Task item → An exact transcription of all the data is required; the pictures are to be left out.

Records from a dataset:
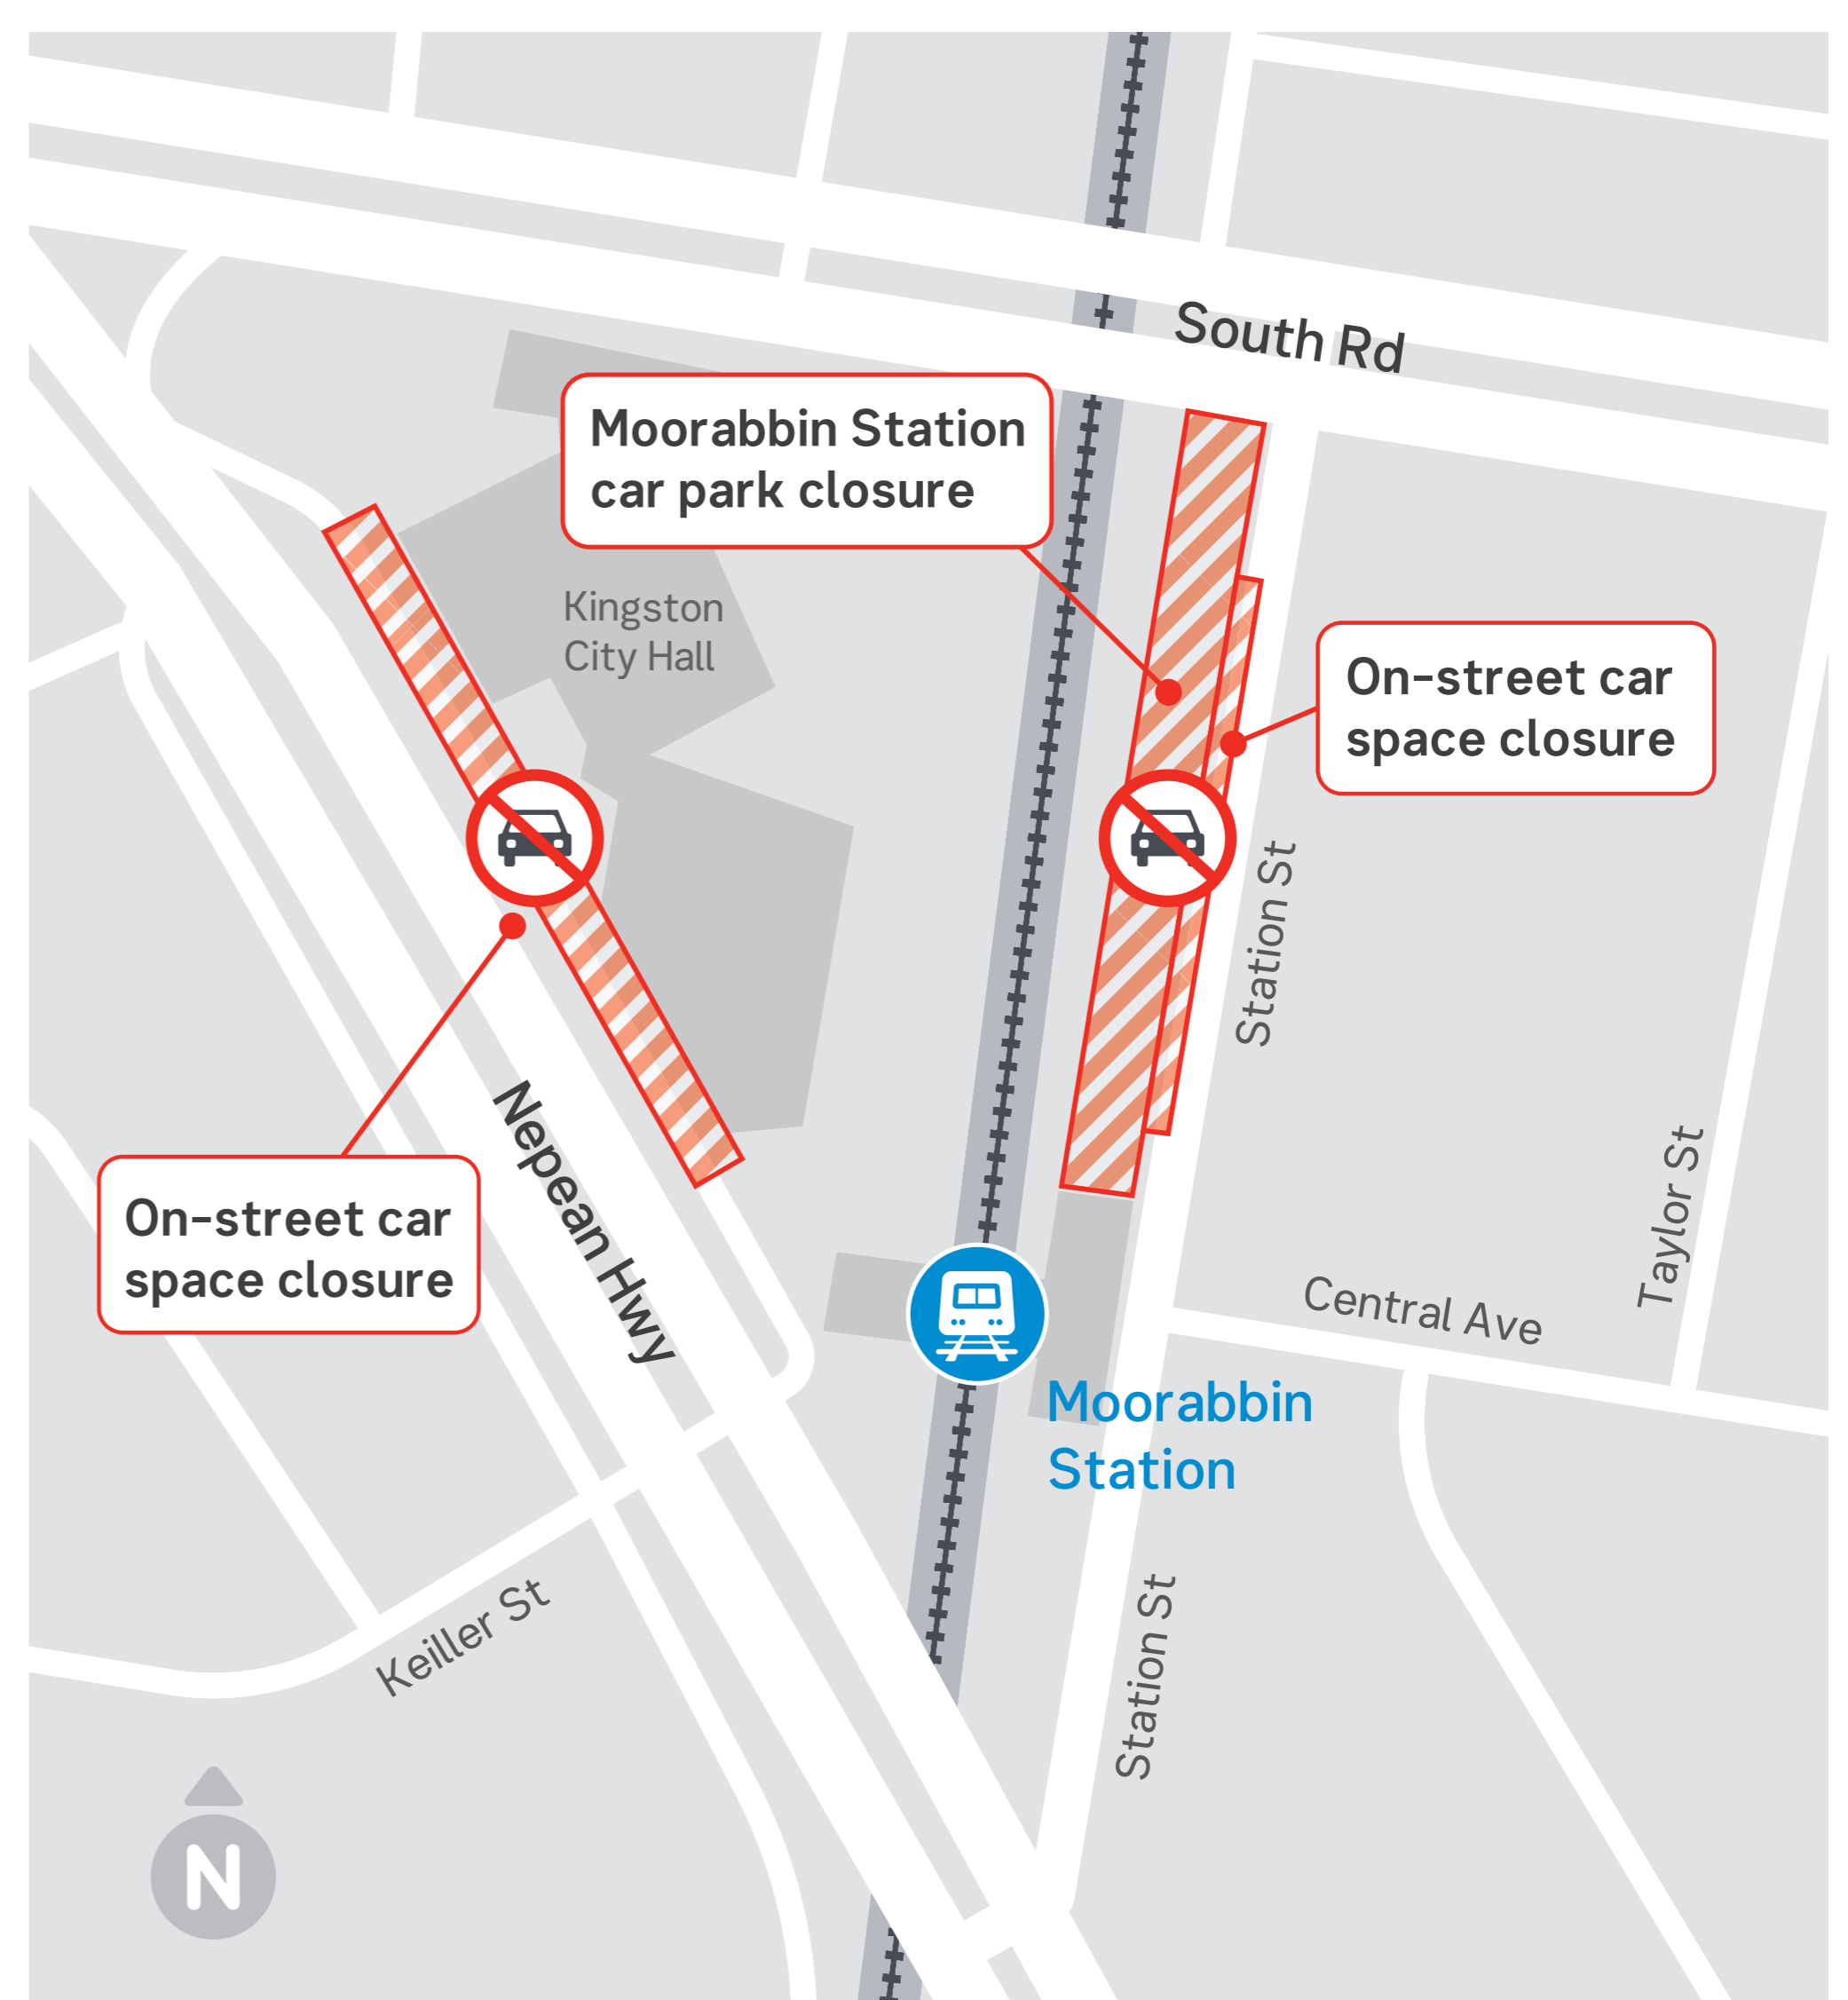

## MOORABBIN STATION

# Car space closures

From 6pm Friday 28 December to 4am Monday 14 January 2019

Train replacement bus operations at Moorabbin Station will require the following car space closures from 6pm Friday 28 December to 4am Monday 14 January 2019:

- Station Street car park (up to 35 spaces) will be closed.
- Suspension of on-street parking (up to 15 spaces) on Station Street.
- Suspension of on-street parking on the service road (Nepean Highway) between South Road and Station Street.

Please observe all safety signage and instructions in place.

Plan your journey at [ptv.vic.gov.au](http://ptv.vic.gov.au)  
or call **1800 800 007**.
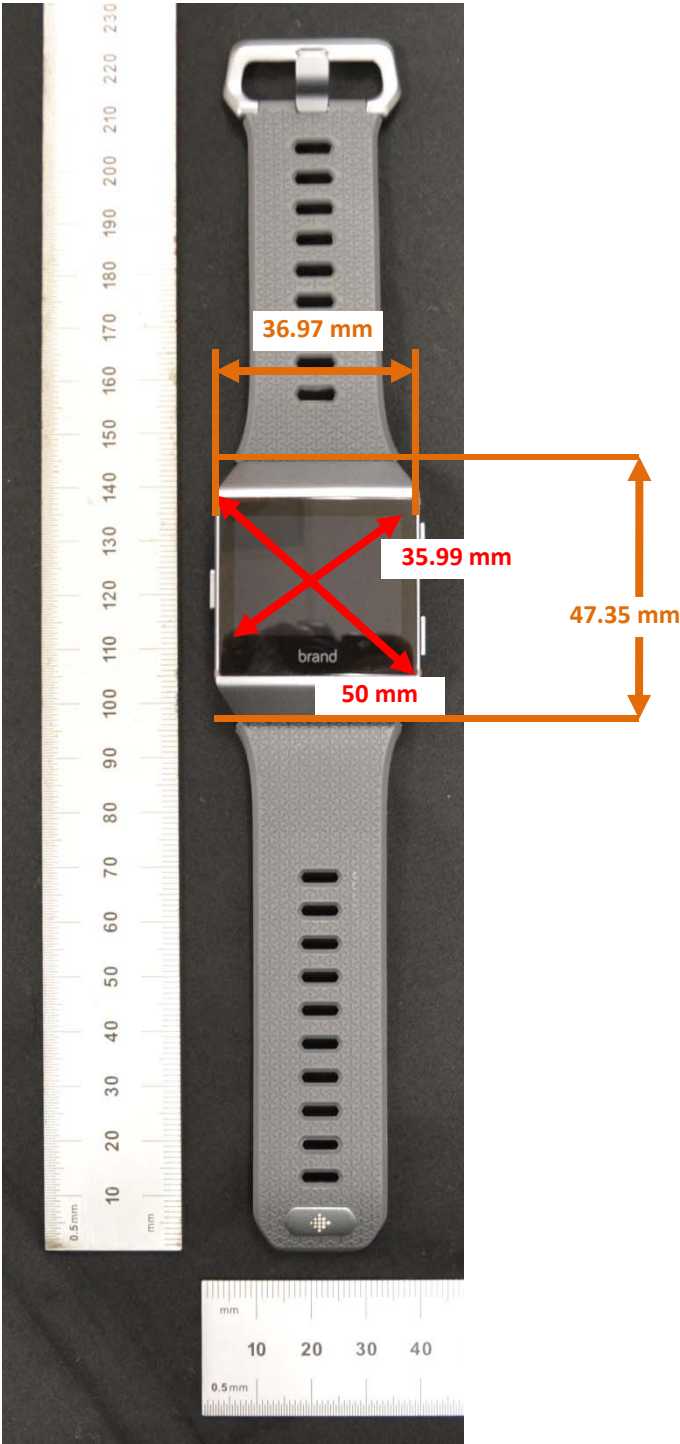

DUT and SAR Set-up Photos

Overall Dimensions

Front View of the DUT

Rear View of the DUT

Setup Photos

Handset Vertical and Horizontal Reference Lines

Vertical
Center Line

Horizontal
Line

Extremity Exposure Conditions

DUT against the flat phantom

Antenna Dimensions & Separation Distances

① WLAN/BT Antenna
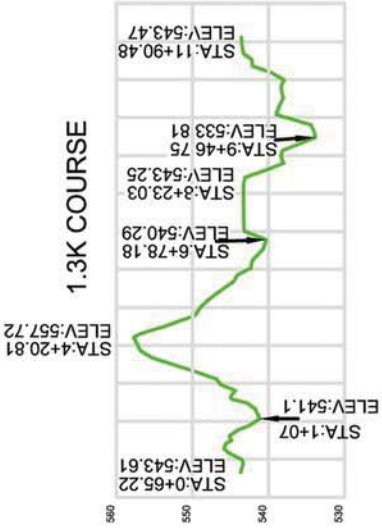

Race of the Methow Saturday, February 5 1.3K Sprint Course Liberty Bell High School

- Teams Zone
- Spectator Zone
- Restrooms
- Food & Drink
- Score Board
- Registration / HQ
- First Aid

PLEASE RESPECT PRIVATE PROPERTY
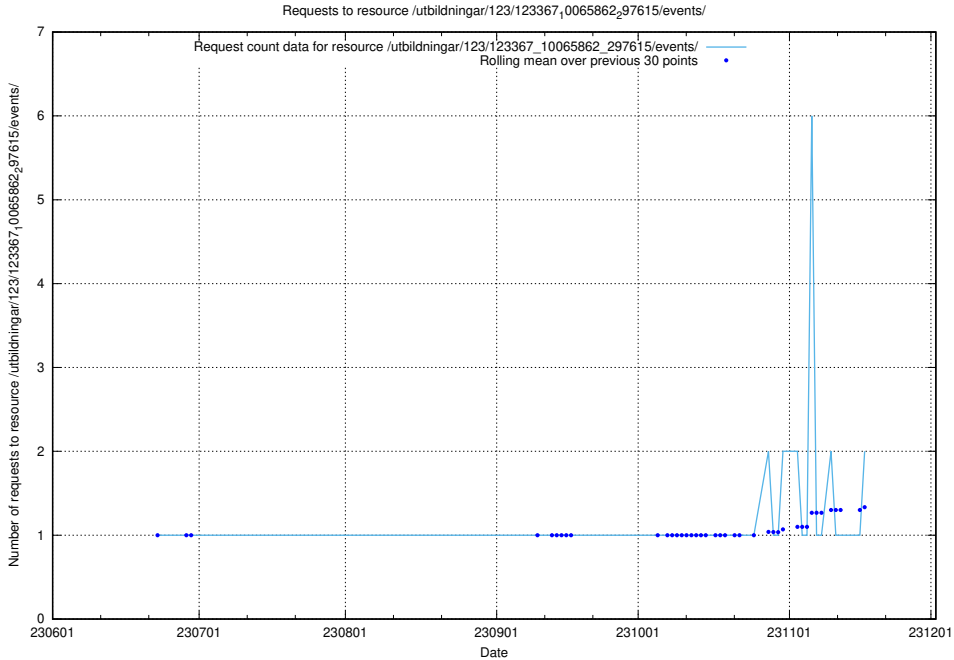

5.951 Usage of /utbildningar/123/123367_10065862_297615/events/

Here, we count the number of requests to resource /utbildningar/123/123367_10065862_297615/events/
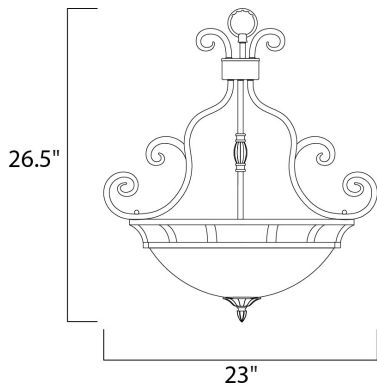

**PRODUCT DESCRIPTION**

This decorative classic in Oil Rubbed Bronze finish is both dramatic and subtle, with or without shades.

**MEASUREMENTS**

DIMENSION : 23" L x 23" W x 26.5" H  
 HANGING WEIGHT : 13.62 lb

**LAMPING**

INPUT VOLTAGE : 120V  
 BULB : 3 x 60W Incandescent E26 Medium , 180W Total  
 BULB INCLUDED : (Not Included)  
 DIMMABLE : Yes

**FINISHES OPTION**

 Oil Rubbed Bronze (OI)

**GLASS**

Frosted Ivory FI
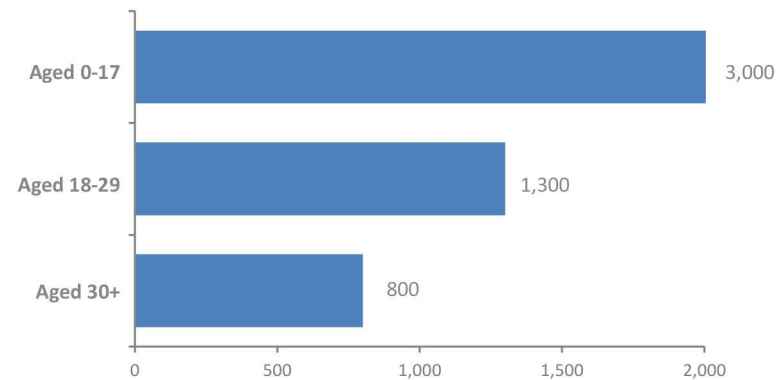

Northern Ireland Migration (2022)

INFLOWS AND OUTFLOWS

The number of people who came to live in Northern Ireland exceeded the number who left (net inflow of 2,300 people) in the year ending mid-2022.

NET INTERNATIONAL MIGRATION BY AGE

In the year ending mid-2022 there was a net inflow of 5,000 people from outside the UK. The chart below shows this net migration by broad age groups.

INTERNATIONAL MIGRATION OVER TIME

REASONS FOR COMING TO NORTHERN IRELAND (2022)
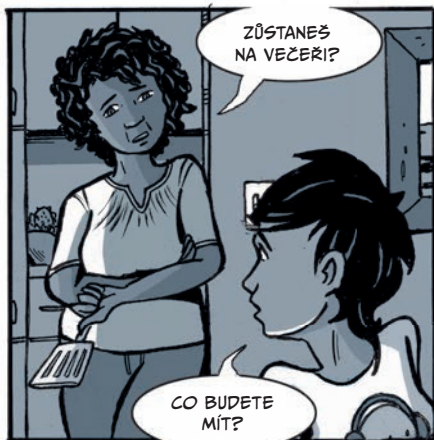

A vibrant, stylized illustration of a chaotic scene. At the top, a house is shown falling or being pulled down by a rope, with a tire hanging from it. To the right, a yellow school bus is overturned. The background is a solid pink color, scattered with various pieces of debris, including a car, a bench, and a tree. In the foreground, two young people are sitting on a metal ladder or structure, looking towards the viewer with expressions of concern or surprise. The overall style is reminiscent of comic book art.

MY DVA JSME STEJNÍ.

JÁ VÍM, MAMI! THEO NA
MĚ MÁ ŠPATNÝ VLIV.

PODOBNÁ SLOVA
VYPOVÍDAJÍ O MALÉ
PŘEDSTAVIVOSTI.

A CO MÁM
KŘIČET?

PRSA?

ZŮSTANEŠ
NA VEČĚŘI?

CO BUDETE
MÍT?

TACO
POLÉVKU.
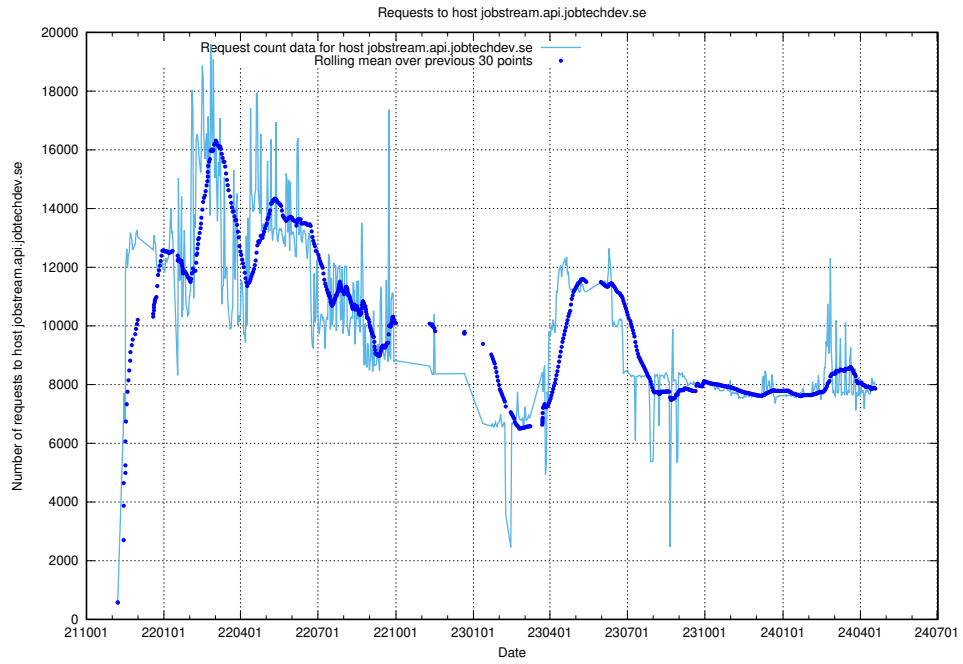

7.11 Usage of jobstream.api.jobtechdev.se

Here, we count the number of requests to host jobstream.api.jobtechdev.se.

Result of this task →
## MOORABBIN STATION

# Car space closures

From 6pm Friday 28 December to 4am Monday 14 January 2019

Train replacement bus operations at Moorabbin Station will require the following car space closures from 6pm Friday 28 December to 4am Monday 14 January 2019:

- Station Street car park (up to 35 spaces) will be closed.
- Suspension of on-street parking (up to 15 spaces) on Station Street.
- Suspension of on-street parking on the service road (Nepean Highway) between South Road and Station Street.

Please observe all safety signage and instructions in place.

Plan your journey at [ptv.vic.gov.au](http://ptv.vic.gov.au)  
or call **1800 800 007**.

DUT and SAR Set-up Photos

Overall Dimensions

Front View of the DUT

Rear View of the DUT

Setup Photos

Handset Vertical and Horizontal Reference Lines

Vertical
Center Line

Horizontal
Line

Extremity Exposure Conditions

DUT against the flat phantom

Antenna Dimensions & Separation Distances

① WLAN/BT Antenna

Race of the Methow Saturday, February 5 1.3K Sprint Course Liberty Bell High School

- Teams Zone
- Spectator Zone
- Restrooms
- Food & Drink
- Score Board
- Registration / HQ
- First Aid

PLEASE RESPECT PRIVATE PROPERTY

5.951 Usage of /utbildningar/123/123367_10065862_297615/events/

Here, we count the number of requests to resource /utbildningar/123/123367_10065862_297615/events/

**PRODUCT DESCRIPTION**

This decorative classic in Oil Rubbed Bronze finish is both dramatic and subtle, with or without shades.

**MEASUREMENTS**

DIMENSION : 23" L x 23" W x 26.5" H  
 HANGING WEIGHT : 13.62 lb

**LAMPING**

INPUT VOLTAGE : 120V  
 BULB : 3 x 60W Incandescent E26 Medium , 180W Total  
 BULB INCLUDED : (Not Included)  
 DIMMABLE : Yes

**FINISHES OPTION**

 Oil Rubbed Bronze (OI)

**GLASS**

Frosted Ivory FI

Northern Ireland Migration (2022)

INFLOWS AND OUTFLOWS

The number of people who came to live in Northern Ireland exceeded the number who left (net inflow of 2,300 people) in the year ending mid-2022.

NET INTERNATIONAL MIGRATION BY AGE

In the year ending mid-2022 there was a net inflow of 5,000 people from outside the UK. The chart below shows this net migration by broad age groups.

INTERNATIONAL MIGRATION OVER TIME

REASONS FOR COMING TO NORTHERN IRELAND (2022)

A vibrant, stylized illustration of a chaotic scene. At the top, a house is shown falling or being pulled down by a rope, with a tire hanging from it. To the right, a yellow school bus is overturned. The background is a solid pink color, scattered with various pieces of debris, including a car, a bench, and a tree. In the foreground, two young people are sitting on a metal ladder or structure, looking towards the viewer with expressions of concern or surprise. The overall style is reminiscent of comic book art.

MY DVA JSME STEJNÍ.

JÁ VÍM, MAMI! THEO NA
MĚ MÁ ŠPATNÝ VLIV.

PODOBNÁ SLOVA
VYPOVÍDAJÍ O MALÉ
PŘEDSTAVIVOSTI.

A CO MÁM
KŘIČET?

PRSA?

ZŮSTANEŠ
NA VEČĚŘI?

CO BUDETE
MÍT?

TACO
POLÉVKU.

7.11 Usage of jobstream.api.jobtechdev.se

Here, we count the number of requests to host jobstream.api.jobtechdev.se.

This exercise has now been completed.